Action item.
Write back every entry exactly as it reads, with the pictures left behind.

Available data.
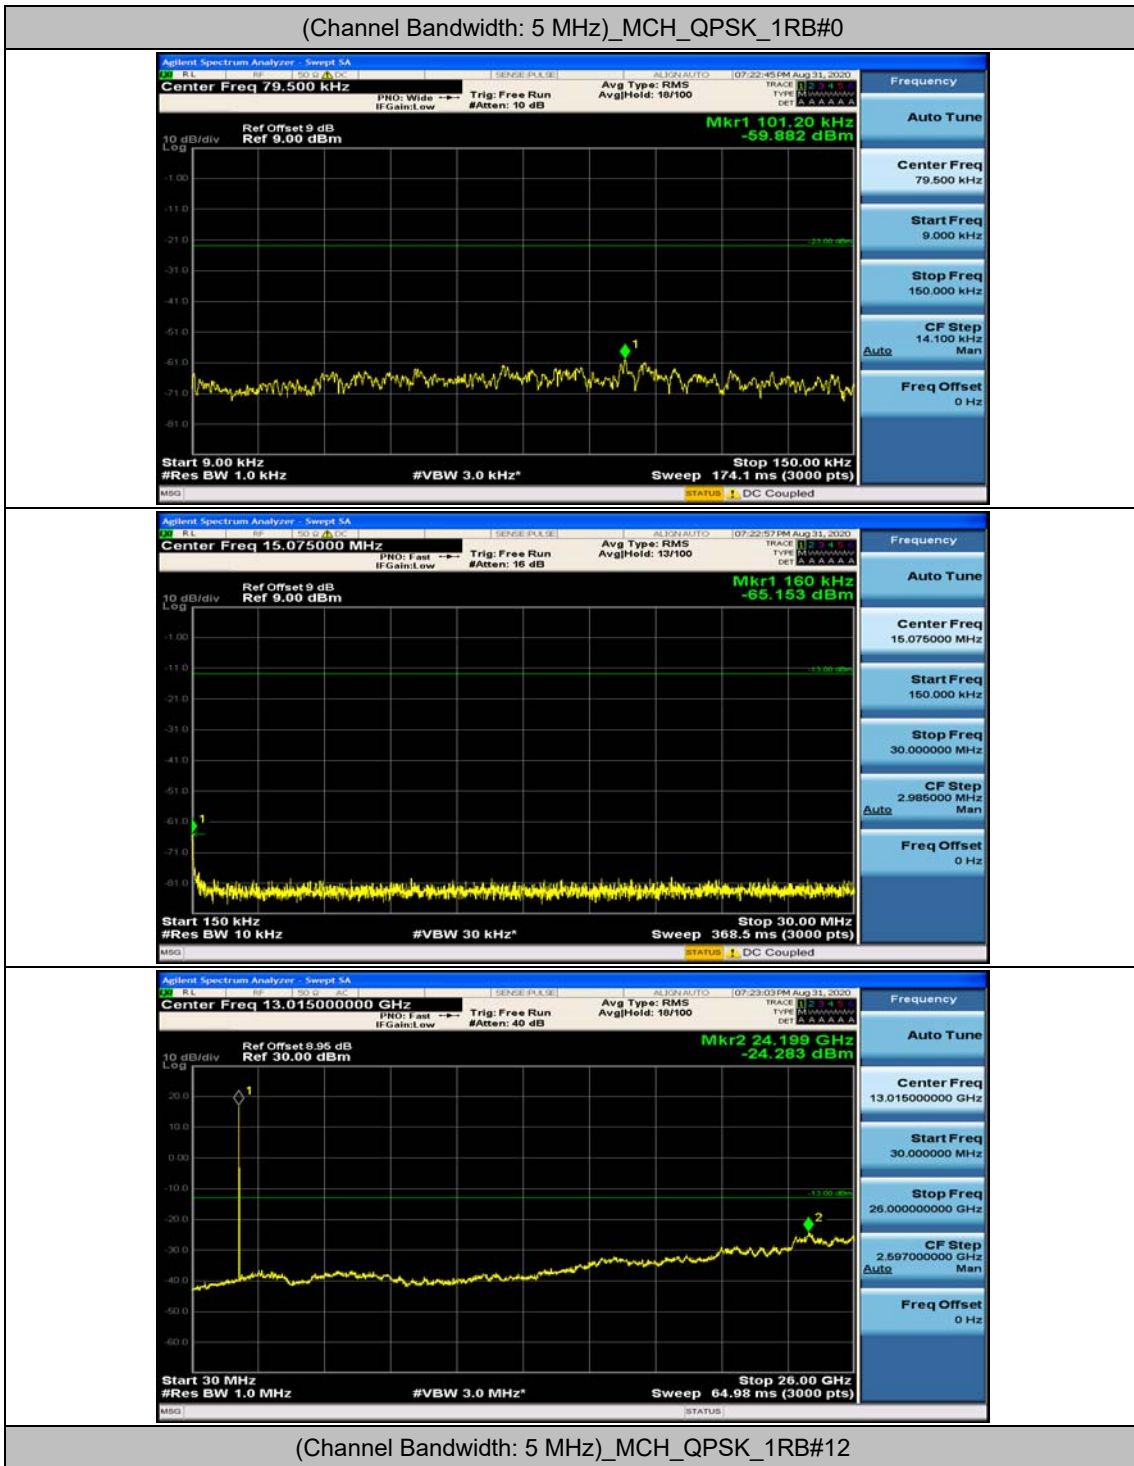

Channel Bandwidth: 5 MHz

(Channel Bandwidth: 5 MHz)_HCH_QPSK_1RB#0

(Channel Bandwidth: 5 MHz)_HCH_QPSK_1RB#12

(Channel Bandwidth: 5 MHz)_LCH_16QAM_1RB#0

(Channel Bandwidth: 5 MHz)_LCH_16QAM_1RB#12

Channel Bandwidth: 10 MHz

Channel Bandwidth: 15 MHz

(Channel Bandwidth:15 MHz)_MCH_QPSK_1RB#0

(Channel Bandwidth:15 MHz)_MCH_QPSK_1RB#37
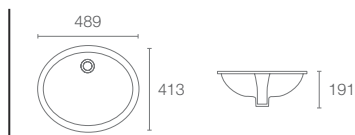

Small undercounter basin in white

CAXTON™ | K-2211IN-0
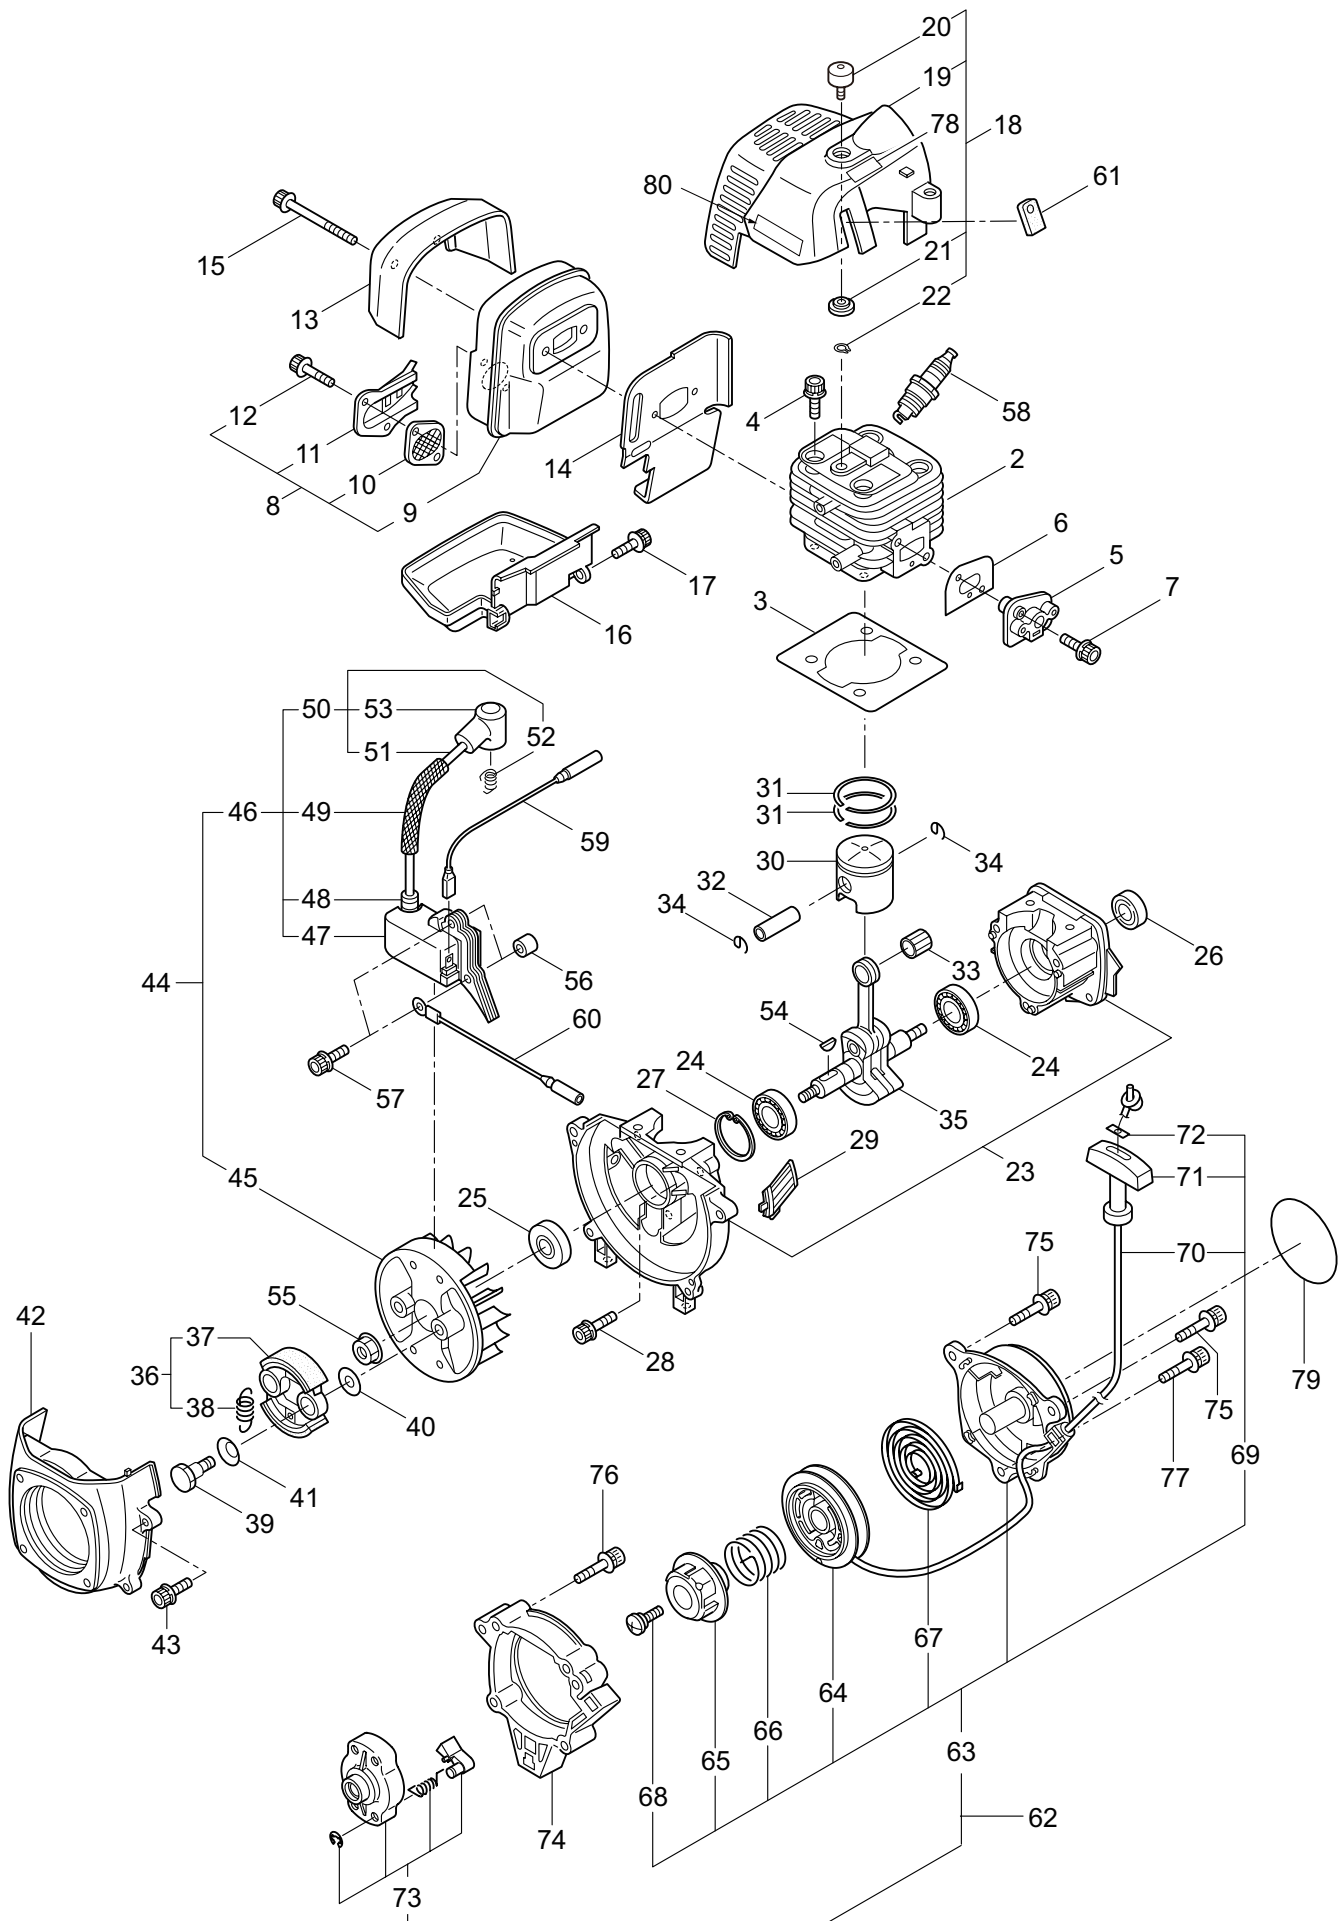

3. BC2621H-RS-02
ENGINE

Ref. No.	Part No.	Part Name	Q'ty	Remarks
3-1	858928	Engine	1	CE260/12
3-2	283734	Cylinder	1	
3-3	283783	Gasket	1	
3-4	261250	Cap Screw	4	M5x20
3-5	269144	Insulator	1	New gasket required
3-6	267049	Gasket	1	
3-7	265924	Cap Screw	2	M5x25
3-8	282208	Muffler Ass'y	1	Incl.9-12
3-9	282209	Muffler Comp.	1	
3-10	267056	Spark Arrester	1	
3-11	268171	Muffler Tail	1	
3-12	265107	Cap Screw	2	M4x10
3-13	284071	Holder	1	
3-14	283940	Gasket	1	
3-15	266402	Cap Screw	2	M5x55
3-16	281435	Under Cover	1	
3-17	267191	Cap Screw	1	M5x16
3-18	286707	Top Cover Ass'y	1	Incl.19-22
3-19	281434	Top Cover	1	
3-20	286300	Knob	1	
3-21	261020	Spacer	1	
3-22	261734	Snap Ring	1	#5
3-23	289582	Crankcase	1	
3-24	280488	Bearing	2	PPL 6001
3-25	261492	Oil Seal	1	ISCD12287
3-26	261386	Oil Seal	1	ISCD12227
3-27	055185	Snap Ring	1	#28
3-28	261612	Cap Screw	3	M5x30
3-29	281442	Screen	1	
3-30	268247	Piston	1	
3-31	261496	Piston Ring	2	(2)Required
3-32	261497	Piston Pin	1	
3-33	261037	Bearing,Needle	1	KBK8x11x11.8x1
3-34	261576	Clip,Piston	2	
3-35	265197	Crankshaft/Conn.Rod Ass'y	1	
3-36	267327	Clutch Ass'y	1	Incl.37,38
3-37	267342	Clutch Shoe	2	(2)required
3-38	267345	Spring,Clutch	1	
3-39	264505	Bolt	2	
3-40	261189	Washer	2	6x16.5x1.2
3-41	261777	Wave Washer	2	
3-42	281433	Fan Cover	1	
3-43	261250	Cap Screw	4	M5x20
3-44	283729	Magneto Ass'y	1	Incl.45-53
3-45	268253	Rotor/Fan	1

Written reply.
Channel Bandwidth: 5 MHz

(Channel Bandwidth: 5 MHz)_HCH_QPSK_1RB#0

(Channel Bandwidth: 5 MHz)_HCH_QPSK_1RB#12

(Channel Bandwidth: 5 MHz)_LCH_16QAM_1RB#0

(Channel Bandwidth: 5 MHz)_LCH_16QAM_1RB#12

Channel Bandwidth: 10 MHz

Channel Bandwidth: 15 MHz

(Channel Bandwidth:15 MHz)_MCH_QPSK_1RB#0

(Channel Bandwidth:15 MHz)_MCH_QPSK_1RB#37

Small undercounter basin in white

CAXTON™ | K-2211IN-0

3. BC2621H-RS-02
ENGINE

Ref. No.	Part No.	Part Name	Q'ty	Remarks
3-1	858928	Engine	1	CE260/12
3-2	283734	Cylinder	1	
3-3	283783	Gasket	1	
3-4	261250	Cap Screw	4	M5x20
3-5	269144	Insulator	1	New gasket required
3-6	267049	Gasket	1	
3-7	265924	Cap Screw	2	M5x25
3-8	282208	Muffler Ass'y	1	Incl.9-12
3-9	282209	Muffler Comp.	1	
3-10	267056	Spark Arrester	1	
3-11	268171	Muffler Tail	1	
3-12	265107	Cap Screw	2	M4x10
3-13	284071	Holder	1	
3-14	283940	Gasket	1	
3-15	266402	Cap Screw	2	M5x55
3-16	281435	Under Cover	1	
3-17	267191	Cap Screw	1	M5x16
3-18	286707	Top Cover Ass'y	1	Incl.19-22
3-19	281434	Top Cover	1	
3-20	286300	Knob	1	
3-21	261020	Spacer	1	
3-22	261734	Snap Ring	1	#5
3-23	289582	Crankcase	1	
3-24	280488	Bearing	2	PPL 6001
3-25	261492	Oil Seal	1	ISCD12287
3-26	261386	Oil Seal	1	ISCD12227
3-27	055185	Snap Ring	1	#28
3-28	261612	Cap Screw	3	M5x30
3-29	281442	Screen	1	
3-30	268247	Piston	1	
3-31	261496	Piston Ring	2	(2)Required
3-32	261497	Piston Pin	1	
3-33	261037	Bearing,Needle	1	KBK8x11x11.8x1
3-34	261576	Clip,Piston	2	
3-35	265197	Crankshaft/Conn.Rod Ass'y	1	
3-36	267327	Clutch Ass'y	1	Incl.37,38
3-37	267342	Clutch Shoe	2	(2)required
3-38	267345	Spring,Clutch	1	
3-39	264505	Bolt	2	
3-40	261189	Washer	2	6x16.5x1.2
3-41	261777	Wave Washer	2	
3-42	281433	Fan Cover	1	
3-43	261250	Cap Screw	4	M5x20
3-44	283729	Magneto Ass'y	1	Incl.45-53
3-45	268253	Rotor/Fan	1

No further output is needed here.